**Data under study:**
"""

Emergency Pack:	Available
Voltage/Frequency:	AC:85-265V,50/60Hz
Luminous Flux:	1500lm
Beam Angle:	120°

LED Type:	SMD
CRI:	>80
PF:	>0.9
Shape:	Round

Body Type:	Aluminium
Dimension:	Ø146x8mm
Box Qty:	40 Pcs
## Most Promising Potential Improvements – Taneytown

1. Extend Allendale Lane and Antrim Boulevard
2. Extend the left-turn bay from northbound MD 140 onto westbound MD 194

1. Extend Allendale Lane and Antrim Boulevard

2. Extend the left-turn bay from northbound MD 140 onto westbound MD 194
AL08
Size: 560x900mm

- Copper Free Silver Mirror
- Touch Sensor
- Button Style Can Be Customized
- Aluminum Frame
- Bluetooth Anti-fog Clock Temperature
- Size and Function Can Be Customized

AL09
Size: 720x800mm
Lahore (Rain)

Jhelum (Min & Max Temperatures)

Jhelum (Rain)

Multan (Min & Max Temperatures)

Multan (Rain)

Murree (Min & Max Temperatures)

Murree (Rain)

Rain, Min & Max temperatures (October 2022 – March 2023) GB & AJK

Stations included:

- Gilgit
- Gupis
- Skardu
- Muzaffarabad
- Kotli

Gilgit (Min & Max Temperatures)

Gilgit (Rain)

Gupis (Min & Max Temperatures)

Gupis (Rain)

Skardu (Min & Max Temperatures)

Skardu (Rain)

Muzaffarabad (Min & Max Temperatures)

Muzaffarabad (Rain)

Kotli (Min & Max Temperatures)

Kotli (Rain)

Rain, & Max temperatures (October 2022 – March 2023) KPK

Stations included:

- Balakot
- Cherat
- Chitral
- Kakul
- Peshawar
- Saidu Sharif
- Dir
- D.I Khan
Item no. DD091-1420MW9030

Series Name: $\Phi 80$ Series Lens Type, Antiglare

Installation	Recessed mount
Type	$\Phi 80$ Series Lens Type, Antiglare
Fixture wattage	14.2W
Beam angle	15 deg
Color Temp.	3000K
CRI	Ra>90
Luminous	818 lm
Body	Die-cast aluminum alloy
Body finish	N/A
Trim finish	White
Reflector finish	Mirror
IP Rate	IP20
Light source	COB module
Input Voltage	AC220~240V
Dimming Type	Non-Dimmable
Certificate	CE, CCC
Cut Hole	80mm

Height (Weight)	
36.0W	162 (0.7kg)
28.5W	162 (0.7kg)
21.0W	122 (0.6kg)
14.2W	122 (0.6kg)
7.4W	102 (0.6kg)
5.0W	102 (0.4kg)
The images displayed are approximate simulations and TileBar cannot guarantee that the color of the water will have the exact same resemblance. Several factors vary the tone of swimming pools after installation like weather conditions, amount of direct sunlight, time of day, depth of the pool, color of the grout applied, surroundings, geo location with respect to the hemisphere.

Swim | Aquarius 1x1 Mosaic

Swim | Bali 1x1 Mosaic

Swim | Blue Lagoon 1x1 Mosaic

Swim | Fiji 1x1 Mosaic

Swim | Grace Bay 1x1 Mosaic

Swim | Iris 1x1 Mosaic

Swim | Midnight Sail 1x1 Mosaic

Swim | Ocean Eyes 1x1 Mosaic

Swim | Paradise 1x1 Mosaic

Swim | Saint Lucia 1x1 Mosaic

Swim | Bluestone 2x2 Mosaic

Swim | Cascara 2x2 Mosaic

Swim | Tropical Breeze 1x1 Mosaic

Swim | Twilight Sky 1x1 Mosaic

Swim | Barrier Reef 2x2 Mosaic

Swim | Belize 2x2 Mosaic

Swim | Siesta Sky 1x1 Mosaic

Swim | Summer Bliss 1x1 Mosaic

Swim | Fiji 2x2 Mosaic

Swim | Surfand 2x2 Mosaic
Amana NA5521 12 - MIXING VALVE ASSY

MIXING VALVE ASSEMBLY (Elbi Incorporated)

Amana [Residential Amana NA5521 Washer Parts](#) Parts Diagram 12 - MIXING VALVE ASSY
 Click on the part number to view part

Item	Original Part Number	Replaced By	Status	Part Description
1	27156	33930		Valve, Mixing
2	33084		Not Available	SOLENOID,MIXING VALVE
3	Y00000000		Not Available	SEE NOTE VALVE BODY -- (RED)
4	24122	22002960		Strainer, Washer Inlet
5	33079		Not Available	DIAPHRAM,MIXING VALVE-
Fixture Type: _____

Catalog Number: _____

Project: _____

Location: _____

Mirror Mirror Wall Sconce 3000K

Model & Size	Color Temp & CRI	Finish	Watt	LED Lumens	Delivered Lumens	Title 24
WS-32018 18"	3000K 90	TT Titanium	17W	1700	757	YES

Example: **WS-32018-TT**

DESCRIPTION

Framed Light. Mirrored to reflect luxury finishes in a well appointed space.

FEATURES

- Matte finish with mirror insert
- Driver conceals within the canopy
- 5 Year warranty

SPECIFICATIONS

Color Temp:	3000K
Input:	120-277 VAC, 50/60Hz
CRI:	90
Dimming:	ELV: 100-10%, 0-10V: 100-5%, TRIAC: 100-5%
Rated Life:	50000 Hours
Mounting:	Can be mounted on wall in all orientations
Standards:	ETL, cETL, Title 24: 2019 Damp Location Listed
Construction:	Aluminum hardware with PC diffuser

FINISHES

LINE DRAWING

"""

**What is required:** Search the data above for the string "Dimming" and return every line that has it.

**Expected output:**
Dimming Type	Non-Dimmable
Dimming:	ELV: 100-10%, 0-10V: 100-5%, TRIAC: 100-5%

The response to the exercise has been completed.